Maybe she is no longer alive in some of those universes too.
There are an infinite number of possibilities because it's not just a matter of the choices I've made in my life, but the choices of everyone else in the whole wide world too — the ones I know and the ones I don't.
The nice thing about reflecting on those alternate universes is that some of those things you wish and dream of are not unattainable in your own universe!
I may never be an orchestral cellist, but that doesn't mean I can't learn to play now. In fact, when I graduated from university, I would tell people that the first big purchase I wanted to make after getting a full-time job was a cello. And now that I have my first real full-time job (with benefits!), that future gets closer and closer.
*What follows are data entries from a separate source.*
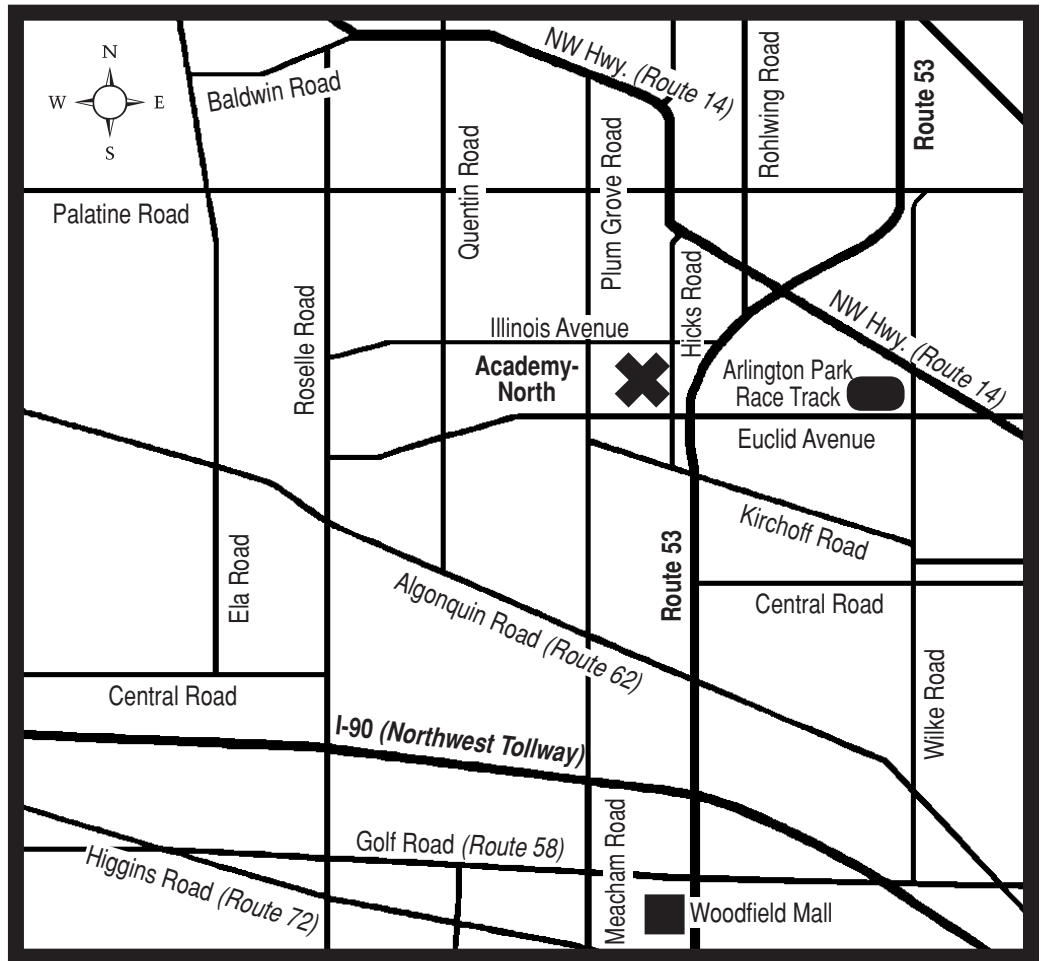

From the North:

- Take Route 53 south to Euclid Avenue
- Exit 53 on Euclid Avenue west
- Euclid Avenue west to Hicks Road
- Right turn (north) on Hicks Road
- Hicks Road north to Illinois Avenue
- Left (west) on Illinois Avenue
- School is on the left

From the South:

- Take I-290 or I-355 north to Route 53 north
- Route 53 north to Euclid Avenue west
- Exit 53 on Euclid Avenue west
- Euclid Avenue west to Hicks Road
- Right turn (north) on Hicks Road
- Hicks Road north to Illinois Avenue
- Left (west) on Illinois Avenue
- School is on the left

From Chicago:

- Take I-90 west to Route 53 north
- Route 53 north to Euclid Ave. west
- Exit 53 on Euclid Ave west
- Euclid Ave west (left) to Hicks Road
- Hicks Road north (right) to Illinois Ave.
- Illinois Ave west (left) to school
- School is on left (south side of street)

From the West:

- Take I-90 east to Route 53 north
- Route 53 north to Euclid Ave.
- Exit 53 on Euclid Ave west
- Euclid Ave west (left) to Hicks Road
- Hicks Road north (right) to Illinois Ave.
- Illinois Ave west (left) to school
- School is on left (south side of street)
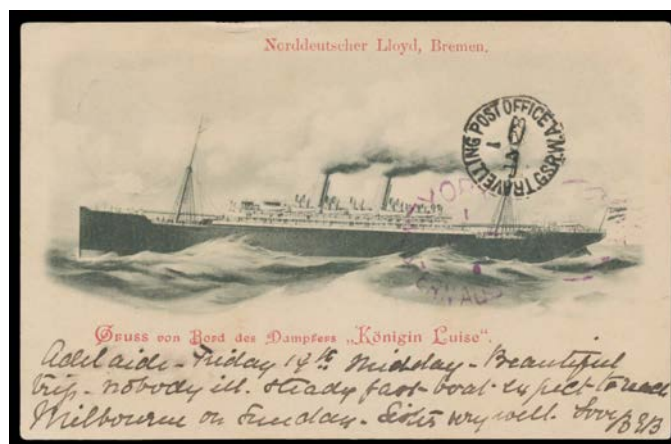

WESTERN AUSTRALIA - Postal History

Lot 1140

1140 C A- **1900 Norddeutscher Lloyd** PPC of "Königen Luise" with German 10pf tied by poor Seepost cds, to York with superb 'TRAVELLING POST OFFICE/ 1 JA28/-/GSR WA' cds (no year slug) & light 'YORK' arrival duplex in purple. 200
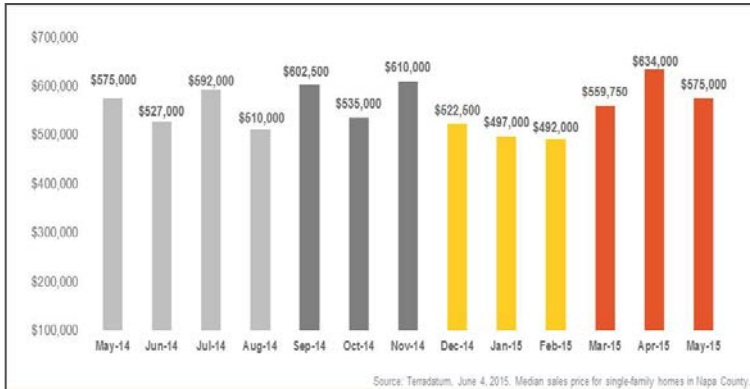

Napa County

Monthly Real Estate Update (As of June 4, 2015)

Median Sales Price

Months' Supply of Inventory

Average Days on Market

Sales Price as % of Original Price
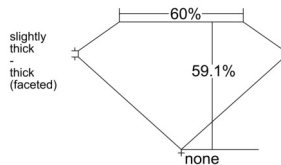

GIA®

FACSIMILE

GIA REPORT

7556009784

Verify this report at GIA.edu

GIA NATURAL DIAMOND DOSSIER®

April 10, 2026
GIA Report Number 7556009784
Shape and Cutting Style ..... Heart Brilliant
Measurements ..... 5.74 x 6.84 x 4.04 mm

GRADING RESULTS

Carat Weight ..... 0.95 carat
Color Grade ..... D
Clarity Grade VS1

ADDITIONAL GRADING INFORMATION

Polish ..... Excellent
Symmetry ..... Excellent
Fluorescence ..... Faint
Clarity Characteristics..... Crystal, Feather, Needle, Pinpoint
Inscription(s): GIA 7556009784

PROPORTIONS

Profile not to actual proportions

GRADING SCALES

GIA COLOR SCALE		GIA CLARITY SCALE			
COLORLESS	D	VERY VERY SLIGHTLY INCLUDED	FLAWLESS		
	E		INTERNALLY FLAWLESS		
	F	VERY SLIGHTLY INCLUDED	VVS₁		
	G		VVS₂		
	H		VS₁		
	NEAR COLORLESS	I	SLIGHTLY INCLUDED	VS₂	
		J		SI₁	
		FAINT	K	INCLUDED	SI₂
			L		I₁
			M		I₂
VERT LIGHT	N	LIGHT	I₃		
	O				
	P				
	Q				
	R
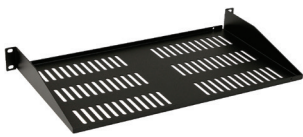

INTRODUCING FEATURES

Available in
10" or 15" Versions

Surface Finish:

Black powder coated steel,
matte finish

Includes:

4 x 10-32 Mounting screws,
4 x 10-32 Cage nuts

Wall Mountable

Solid

Vented

Designed to accommodate any standard 19" rack. It is perfect for use in 2-Post racks, wall mount racks and cabinets.

A convenient mounting shelf for modems, routers, switches, small monitors, test gear and more.

MAINFRAME STANDARD RACK SHELF SERIES

SRS SERIES (2-POST)

SOLID

SRS-1U-10

SRS-1U-15

SRS-2U-10

SRS-2U-15

VENTED
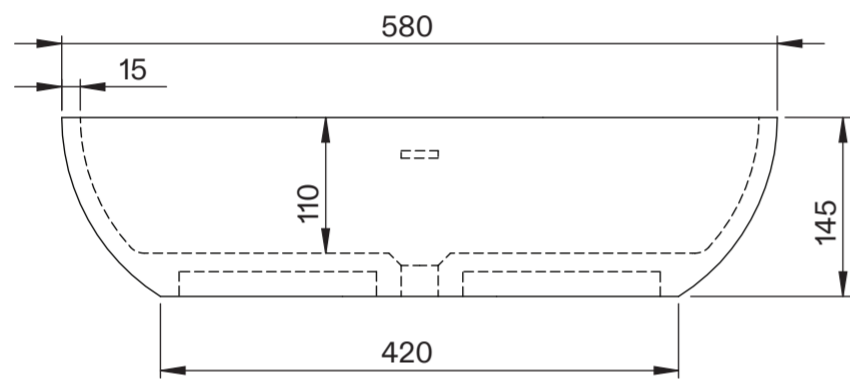

Basin

Top View

Side View - Section View

Front View - Section View

Vanity Unit

Top View - Section View

Side View - Section View

LUSO

Product Name	Volini 1200mm (Picasso Basin)
Product Size (mm)	
Basin	580 x 380 x 145
Vanity Unit	1200 x 470 x 565

All dimensions provided in millimeters.
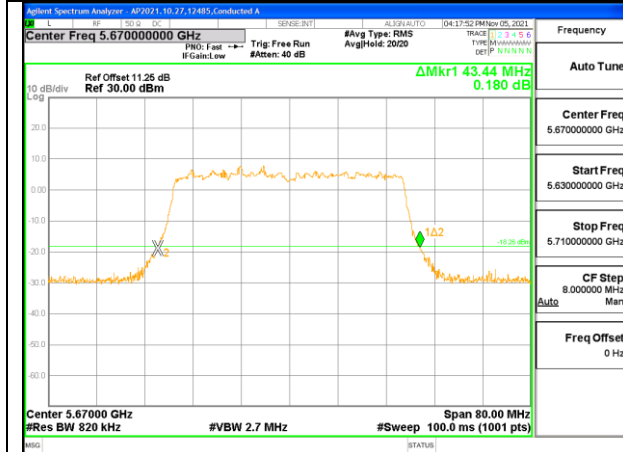

MID CHANNEL Antenna 2

HIGH CHANNEL Antenna 1

HIGH CHANNEL Antenna 2

CHANNEL 142 Antenna 1

CHANNEL 142 Antenna 2

2TX Antenna 1 + Antenna 2 CDD OFDMA MODE: 484-Tones, RU Index 65

Channel	Frequency (MHz)	26 dB Bandwidth Chain 0 (MHz)	26 dB Bandwidth Chain 1 (MHz)
High	5670	43.44	43.76

However, there are downsides to thinking about these alternate spaces because some things — many things, really — are not in our control.
Maybe in another universe, the boy I fell madly in love with learned to love me back. Thinking those things hurt. It stirs up feelings of jealousy of a version of me and life that I will never know exists. And what good is being jealous of someone who may not exist?
Use those thoughts about alternate-you to figure out what you want to do in your own universe. And those things you can't change? Those things that are decided by someone else's decisions and actions and not our own? Let those fly.
I'll admit, it does hurt to watch them float away. It hurts to watch them drift further and further into the sky until they disappear from sight entirely.
But it's okay. It will all be okay. You will get to where you want to be.